== Segment start ==

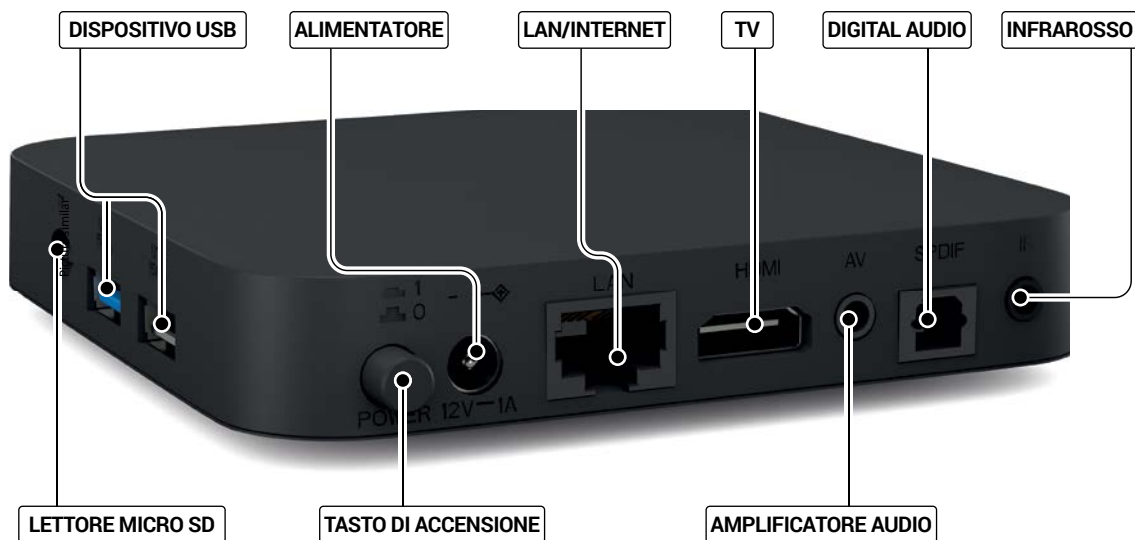

4K UHD Box LEAP-S1

- Google assistant permette di trovare velocemente gli ultimi film di successo e molto altro¹
- Chromecast integrato per lo streaming di film HD dal tuo telefono cellulare allo schermo della TV
- Video streaming da Internet
- Download e installazione delle app in modo semplice da Play Store con selezione individuale²
- Accesso alle app, ai giochi, ai servizi streaming e molto altro
- via Google Play²
- Supporta Dolby® Digital e Dolby® Digital Plus³
- Si connette ad altri dispositivi e condivide i dati tramite Bluetooth
- Condividi contenuti digitali tra dispositivi multimediali

- Porte 1x USB 2.0 + 1x USB 3.0 per la riproduzione
- Aggiornamenti software tramite Internet e tramite dispositivi USB esterni
- Supporta MPEG-4, H.264/AVC, H.265/HEVC (4K Ultra HD)
- Supporta High Dynamic Range con HDR
- Supporta HTML5
- **Conessioni:** HDMI, AV, 1x USB 2.0, 1x USB 3.0, LAN, IR extender port, alimentatore 12V/1 A DC, Wi-Fi, Bluetooth

1 La disponibilità delle lingue dipende dal support di Google Voice Search
2 STRONG non può essere ritenuta responsabile dei servizi di terza parti. Le offerte di terze parti possono cambiare o essere rimosse in qualsiasi momento, possono non essere disponibili in tutti i paesi e possono richiedere un abbonamento separato.
3 Dolby Digital Plus, Dolby Digital e il simbolo double-D sono marchi registrati di Dolby Laboratories

Video decoder

Rapporto d'aspetto: 16:9, Auto/
Schermo Intero
Risoluzione Video: 2160p, 1080p,
720p, 4Kp60 10-bit H.265, 4Kp60
VP9 Profile 2, 4Kp30 H.264

Audio decoder

Audio decoding: Dolby® Digital/
Dolby® Digital Plus*, MPEG-1
layer1/2
Modalità Audio: Mono, L/R, Stereo

Sistema e memoria

Versione Android: 10
Chipset: Amlogic S905X2
CPU: Amlogic S905X2 Quad Core
ARM Cortex-A53, 1.8 GHz
GPU: Quad Core ARM
Mali-G31@1800 MHz
SDRAM: DDR4: 2 GB
Flash: eMMC: 8 GB

Connettori

HDMI
Ethernet
Porte: 1x USB 2.0 + 1x USB 3.0
Ingresso Micro SD
S/PDIF (ottico)
AV
IR
DC IN (12 V, 1 A)

Dati Generali

Wi-Fi: IEEE 802.11b/g/n, 2.4 GHz
IEEE 802.11a/n/ac, 5 GHz
Bluetooth: 4.2
Alimentazione elettrica: AC 100 - 240
V AC ~ 50/60 Hz
Tensione di ingresso: DC 12 V, 1 A
Consumo energetico funzionante:
7 W
Intervallo di temperature in funzione:
0 ~ +40 °C
Esporre a una temperature compresa:
-10 ~ +70 °C
Dimensioni (L x P x A) in mm:
110 x 110 x 22
Peso: 170 g

Contenuto

TV Box Android
Telecomando ad attivazione vocale
Cavo HDMI
Alimentatore (12V / 1A)
2x batterie (tipo AAA)
Istruzioni per l'installazione

EAN LEAP-S1: 9120072370809

* Dolby Digital Plus, Dolby Digital e il simbolo double-D sono marchi registrati di Dolby Laboratories

SERVICE CENTER	
AT	support_at@strong.tv 0820 400 150 (E 0,12/Min. österr. Festnetz)
BG	support_bg@strong.tv +359 32 634451
CEE	support_hu@strong.tv +36 1 445 26 10
DE	support_de@strong.tv 0180 501 49 91 (E 0,14/Min. deutsches Festnetz) (E 0,42/Min. max. Mobilfunknetze)
DK	support_dk@strong.tv
PL	support_pl@strong.tv 801 702 017
IT	support_it@strong.tv 199 404 032 Da rete fissa 24,8 cent. al min. 22,5 cent. scatto alla risposta Da rete mobile max. 49 cent. al min. 15,6 cent. scatto alla risposta
NL	support_nl@strong.tv
FR	support_fr@strong.tv
UA	support_ua@strong.tv +380 (44) 238 61 50

== Segment end ==

### TASK ITEM:
Your reply must contain each entry exactly as written and no pictures.

### TASK RESPONSE:
4K UHD Box LEAP-S1

- Google assistant permette di trovare velocemente gli ultimi film di successo e molto altro¹
- Chromecast integrato per lo streaming di film HD dal tuo telefono cellulare allo schermo della TV
- Video streaming da Internet
- Download e installazione delle app in modo semplice da Play Store con selezione individuale²
- Accesso alle app, ai giochi, ai servizi streaming e molto altro
- via Google Play²
- Supporta Dolby® Digital e Dolby® Digital Plus³
- Si connette ad altri dispositivi e condivide i dati tramite Bluetooth
- Condividi contenuti digitali tra dispositivi multimediali

- Porte 1x USB 2.0 + 1x USB 3.0 per la riproduzione
- Aggiornamenti software tramite Internet e tramite dispositivi USB esterni
- Supporta MPEG-4, H.264/AVC, H.265/HEVC (4K Ultra HD)
- Supporta High Dynamic Range con HDR
- Supporta HTML5
- **Conessioni:** HDMI, AV, 1x USB 2.0, 1x USB 3.0, LAN, IR extender port, alimentatore 12V/1 A DC, Wi-Fi, Bluetooth

1 La disponibilità delle lingue dipende dal support di Google Voice Search
2 STRONG non può essere ritenuta responsabile dei servizi di terza parti. Le offerte di terze parti possono cambiare o essere rimosse in qualsiasi momento, possono non essere disponibili in tutti i paesi e possono richiedere un abbonamento separato.
3 Dolby Digital Plus, Dolby Digital e il simbolo double-D sono marchi registrati di Dolby Laboratories

Video decoder

Rapporto d'aspetto: 16:9, Auto/
Schermo Intero
Risoluzione Video: 2160p, 1080p,
720p, 4Kp60 10-bit H.265, 4Kp60
VP9 Profile 2, 4Kp30 H.264

Audio decoder

Audio decoding: Dolby® Digital/
Dolby® Digital Plus*, MPEG-1
layer1/2
Modalità Audio: Mono, L/R, Stereo

Sistema e memoria

Versione Android: 10
Chipset: Amlogic S905X2
CPU: Amlogic S905X2 Quad Core
ARM Cortex-A53, 1.8 GHz
GPU: Quad Core ARM
Mali-G31@1800 MHz
SDRAM: DDR4: 2 GB
Flash: eMMC: 8 GB

Connettori

HDMI
Ethernet
Porte: 1x USB 2.0 + 1x USB 3.0
Ingresso Micro SD
S/PDIF (ottico)
AV
IR
DC IN (12 V, 1 A)

Dati Generali

Wi-Fi: IEEE 802.11b/g/n, 2.4 GHz
IEEE 802.11a/n/ac, 5 GHz
Bluetooth: 4.2
Alimentazione elettrica: AC 100 - 240
V AC ~ 50/60 Hz
Tensione di ingresso: DC 12 V, 1 A
Consumo energetico funzionante:
7 W
Intervallo di temperature in funzione:
0 ~ +40 °C
Esporre a una temperature compresa:
-10 ~ +70 °C
Dimensioni (L x P x A) in mm:
110 x 110 x 22
Peso: 170 g

Contenuto

TV Box Android
Telecomando ad attivazione vocale
Cavo HDMI
Alimentatore (12V / 1A)
2x batterie (tipo AAA)
Istruzioni per l'installazione

EAN LEAP-S1: 9120072370809

* Dolby Digital Plus, Dolby Digital e il simbolo double-D sono marchi registrati di Dolby Laboratories

SERVICE CENTER	
AT	support_at@strong.tv 0820 400 150 (E 0,12/Min. österr. Festnetz)
BG	support_bg@strong.tv +359 32 634451
CEE	support_hu@strong.tv +36 1 445 26 10
DE	support_de@strong.tv 0180 501 49 91 (E 0,14/Min. deutsches Festnetz) (E 0,42/Min. max. Mobilfunknetze)
DK	support_dk@strong.tv
PL	support_pl@strong.tv 801 702 017
IT	support_it@strong.tv 199 404 032 Da rete fissa 24,8 cent. al min. 22,5 cent. scatto alla risposta Da rete mobile max. 49 cent. al min. 15,6 cent. scatto alla risposta
NL	support_nl@strong.tv
FR	support_fr@strong.tv
UA	support_ua@strong.tv +380 (44) 238 61 50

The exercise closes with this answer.